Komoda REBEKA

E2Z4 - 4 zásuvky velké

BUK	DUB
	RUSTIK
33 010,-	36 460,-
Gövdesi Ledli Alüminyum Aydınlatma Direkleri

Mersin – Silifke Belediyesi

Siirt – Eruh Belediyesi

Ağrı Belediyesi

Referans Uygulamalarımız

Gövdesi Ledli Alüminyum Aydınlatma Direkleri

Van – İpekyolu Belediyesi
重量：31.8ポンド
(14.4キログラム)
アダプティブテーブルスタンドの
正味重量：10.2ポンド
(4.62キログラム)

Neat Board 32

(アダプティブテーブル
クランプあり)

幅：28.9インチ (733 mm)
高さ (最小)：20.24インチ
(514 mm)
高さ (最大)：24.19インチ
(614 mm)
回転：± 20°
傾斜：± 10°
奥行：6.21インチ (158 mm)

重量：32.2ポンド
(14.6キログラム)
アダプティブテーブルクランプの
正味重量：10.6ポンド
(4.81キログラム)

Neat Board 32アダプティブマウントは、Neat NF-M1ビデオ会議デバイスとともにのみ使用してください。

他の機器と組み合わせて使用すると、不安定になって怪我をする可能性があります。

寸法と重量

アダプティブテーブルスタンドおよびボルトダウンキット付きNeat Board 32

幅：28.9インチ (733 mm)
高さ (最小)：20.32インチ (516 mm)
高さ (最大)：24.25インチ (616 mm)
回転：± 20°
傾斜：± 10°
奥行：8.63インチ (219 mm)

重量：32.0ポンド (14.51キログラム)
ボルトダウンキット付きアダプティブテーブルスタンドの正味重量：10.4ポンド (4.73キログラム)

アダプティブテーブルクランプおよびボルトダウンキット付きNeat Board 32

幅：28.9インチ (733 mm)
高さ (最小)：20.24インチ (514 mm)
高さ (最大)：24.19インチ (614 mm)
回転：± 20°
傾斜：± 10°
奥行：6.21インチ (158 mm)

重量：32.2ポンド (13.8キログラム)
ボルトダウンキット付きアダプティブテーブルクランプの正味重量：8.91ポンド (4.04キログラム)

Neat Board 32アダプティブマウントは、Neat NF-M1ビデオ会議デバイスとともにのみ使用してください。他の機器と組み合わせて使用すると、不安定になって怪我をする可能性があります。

● ● ● ●

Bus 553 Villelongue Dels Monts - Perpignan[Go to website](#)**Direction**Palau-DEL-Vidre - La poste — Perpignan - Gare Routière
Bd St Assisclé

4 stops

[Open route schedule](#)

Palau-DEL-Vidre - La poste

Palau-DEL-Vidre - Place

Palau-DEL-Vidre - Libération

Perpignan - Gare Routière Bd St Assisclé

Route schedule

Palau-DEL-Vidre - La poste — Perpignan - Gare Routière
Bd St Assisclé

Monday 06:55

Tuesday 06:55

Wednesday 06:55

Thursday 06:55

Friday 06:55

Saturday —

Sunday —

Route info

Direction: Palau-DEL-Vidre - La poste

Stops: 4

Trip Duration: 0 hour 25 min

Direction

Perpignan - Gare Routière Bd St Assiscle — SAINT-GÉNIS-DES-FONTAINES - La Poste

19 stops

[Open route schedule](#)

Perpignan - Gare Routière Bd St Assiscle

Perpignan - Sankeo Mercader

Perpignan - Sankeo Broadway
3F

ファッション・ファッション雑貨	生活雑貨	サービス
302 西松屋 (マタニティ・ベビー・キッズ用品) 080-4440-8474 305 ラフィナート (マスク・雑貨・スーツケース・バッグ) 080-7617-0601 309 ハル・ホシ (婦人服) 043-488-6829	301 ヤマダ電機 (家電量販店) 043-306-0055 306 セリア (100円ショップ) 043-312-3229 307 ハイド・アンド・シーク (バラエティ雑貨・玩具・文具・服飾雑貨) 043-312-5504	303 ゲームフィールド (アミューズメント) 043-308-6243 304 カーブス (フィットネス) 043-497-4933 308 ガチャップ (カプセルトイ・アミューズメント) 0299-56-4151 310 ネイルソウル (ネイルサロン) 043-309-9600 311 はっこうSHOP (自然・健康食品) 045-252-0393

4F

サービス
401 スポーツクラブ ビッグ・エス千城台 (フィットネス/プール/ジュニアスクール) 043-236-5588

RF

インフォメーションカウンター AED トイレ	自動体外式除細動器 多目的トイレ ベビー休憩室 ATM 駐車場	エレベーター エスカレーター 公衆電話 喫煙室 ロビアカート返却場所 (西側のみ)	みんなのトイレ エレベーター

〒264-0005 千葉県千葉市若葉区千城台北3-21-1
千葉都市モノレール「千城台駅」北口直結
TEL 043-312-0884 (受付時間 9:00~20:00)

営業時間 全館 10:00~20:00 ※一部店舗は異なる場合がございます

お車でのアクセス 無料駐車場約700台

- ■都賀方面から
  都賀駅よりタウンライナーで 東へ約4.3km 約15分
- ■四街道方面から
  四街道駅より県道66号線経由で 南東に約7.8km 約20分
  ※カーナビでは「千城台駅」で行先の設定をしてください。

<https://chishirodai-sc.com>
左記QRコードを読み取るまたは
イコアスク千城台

● ● ● ●

# YOUR OBJECTIVE
Copy every line of the listing where the word "Assiscle" appears.

# THE ANSWER
Perpignan - Gare Routière Bd St Assiscle — SAINT-GÉNIS-DES-FONTAINES - La Poste
Perpignan - Gare Routière Bd St Assiscle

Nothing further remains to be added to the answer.